From the data below, return each line in which the string "Latemar" is found.
<<<<
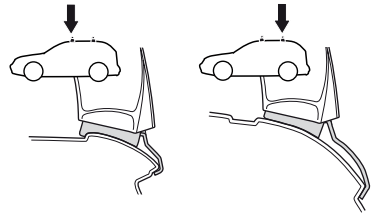

5

	X mm	Y mm	X inch	Y inch
MG ZR, 3-dr Hatchback, 02-05	220 mm	650 mm	8 5/8"	25 5/8"
MG ZR, 5-dr Hatchback, 02-05	220 mm	650 mm	8 5/8"	25 5/8"
ROVER 25, 3-dr Hatchback, 00-03, 04-05	220 mm	650 mm	8 5/8"	25 5/8"
ROVER 25, 5-dr Hatchback, 00-03, 04-05	220 mm	650 mm	8 5/8"	25 5/8"
ROVER 200, 3-dr Hatchback, 96-99	220 mm	650 mm	8 5/8"	25 5/8"
ROVER 200, 5-dr Hatchback, 96-99	220 mm	650 mm	8 5/8"	25 5/8"

MG ZR, 3-dr Hatchback, 02-05

ROVER 25, 3-dr Hatchback, 00-03, 04-05

ROVER 200, 3-dr Hatchback, 96-99

MG ZR, 5-dr Hatchback, 02-05

ROVER 25, 5-dr Hatchback, 00-03, 04-05

ROVER 200, 5-dr Hatchback, 96-99

- GB/US** Tighten alternately
D Die Schrauben abwechselnd anziehen
F Serrer alternativement chaque côté
NL Afwisselend aan de linker- en de rechterkant aandraaien
I Alternare il serraggio delle viti
E Apretar alternativamente
PT Aperte alternadamente
S Dra åt växelvis
FIN Kierrä vuorotellen
EST Pinguldage vaheldumisi
LAT Pielvelciet pamišus
LIT Užsukinėkite pakaitomis
PL Śruby dokręcaj naprzemiennie
RU Затягивайте попеременно
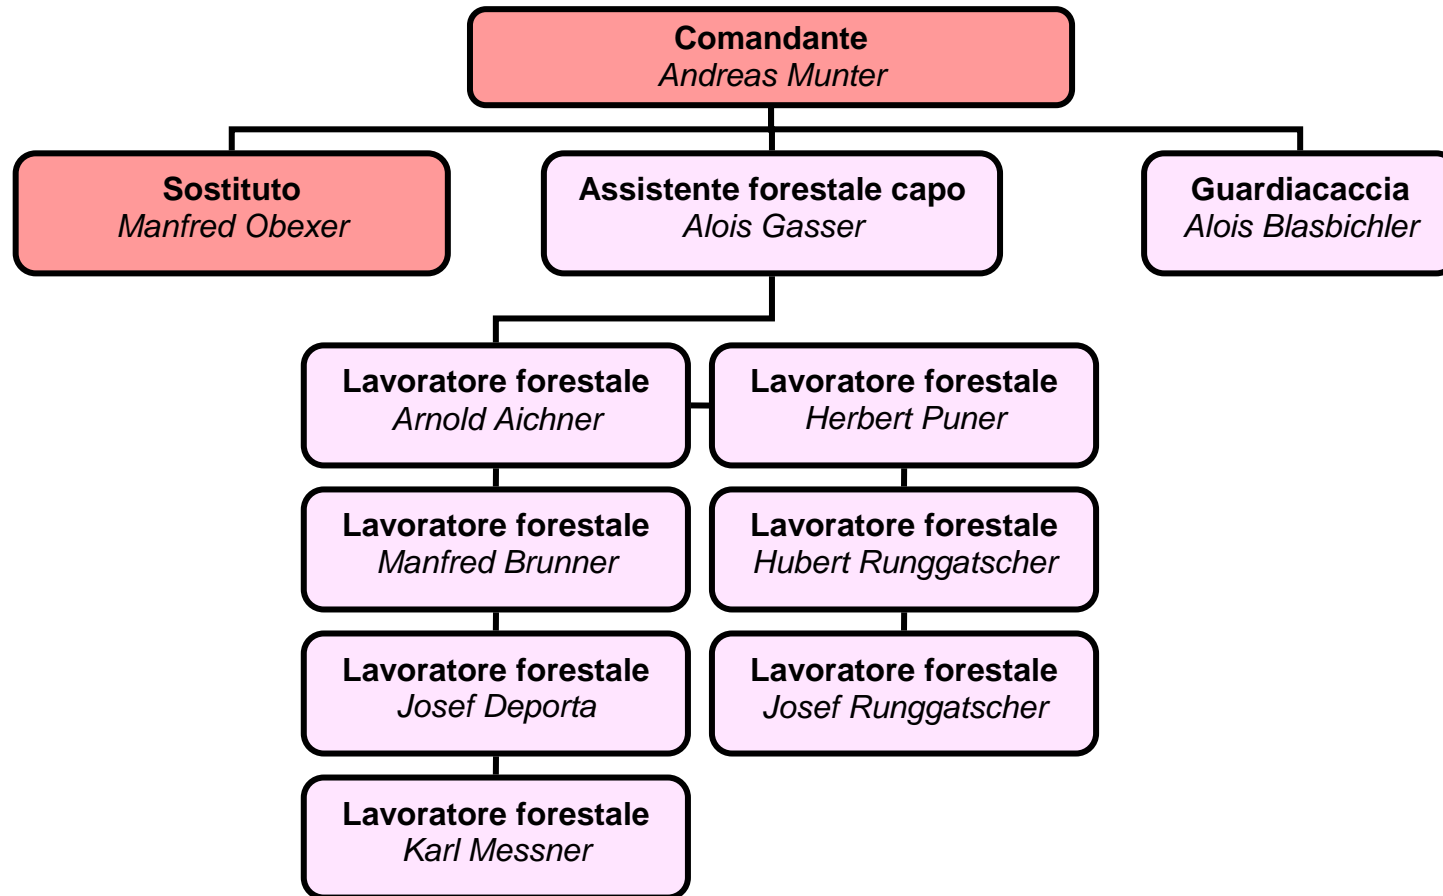

Allegato A)

Azienda provinciale foreste e demanio

PROVINCIA AUTONOMA DI BOLZANO - ALTO ADIGE

Bolzano - CENTRALE

Aica – STAZIONE FORESTE DEMANIALI

Moso in Passiria - STAZIONE FORESTE DEMANIALI

Funes - STAZIONE FORESTE DEMANIALI

Latemar - STAZIONE FORESTE DEMANIALI

SCUOLA FORESTALE - Latemar
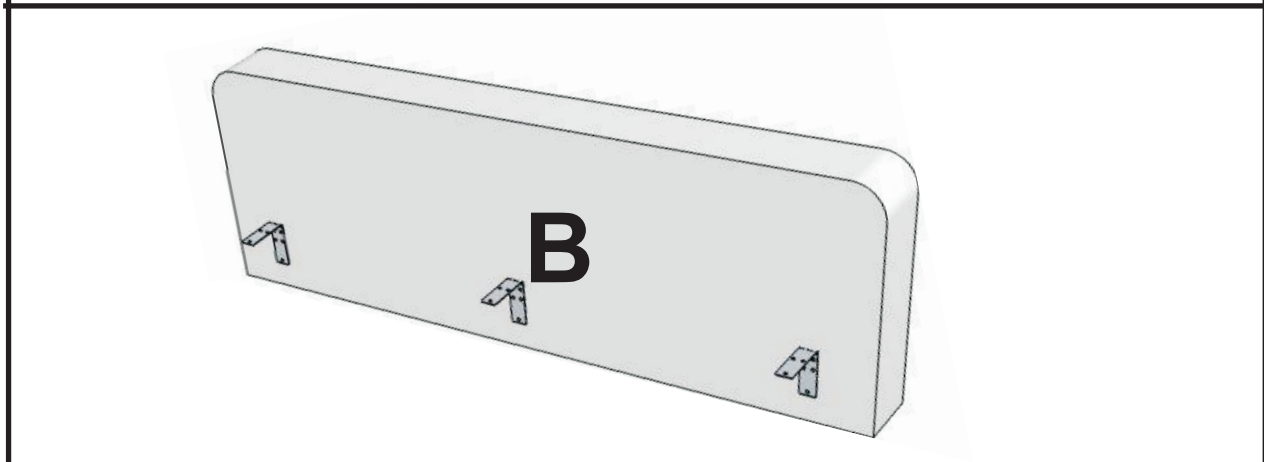

MORITZ SOFA CORD

- (DE) Montageanleitung
- (PL) Instrukcja montażu
- (NL) Handleiding voor de montage
- (GB) Assembly instructions
- (TR) Montaj talimatı
- (RU) Инструкция по монтажу

- (IT) Istruzioni di montaggio
- (FR) Notice de montage
- (RO) Instrucțiuni de asamblare
- (SK) Montážny návod
- (CZ) Montážní návod
- (HU) Szerelési útmutató

9 x (4x16) a	4 x (5x50) b	4 x 50mm V	2 x W	4 x (M6x35) c	4 x f	2 x 1	2 x 2
---------------------	---------------------	----------------------	--------------	----------------------	--------------	--------------	--------------
>>>>
OUTPUT OF THE TASK
Latemar - STAZIONE FORESTE DEMANIALI
SCUOLA FORESTALE - Latemar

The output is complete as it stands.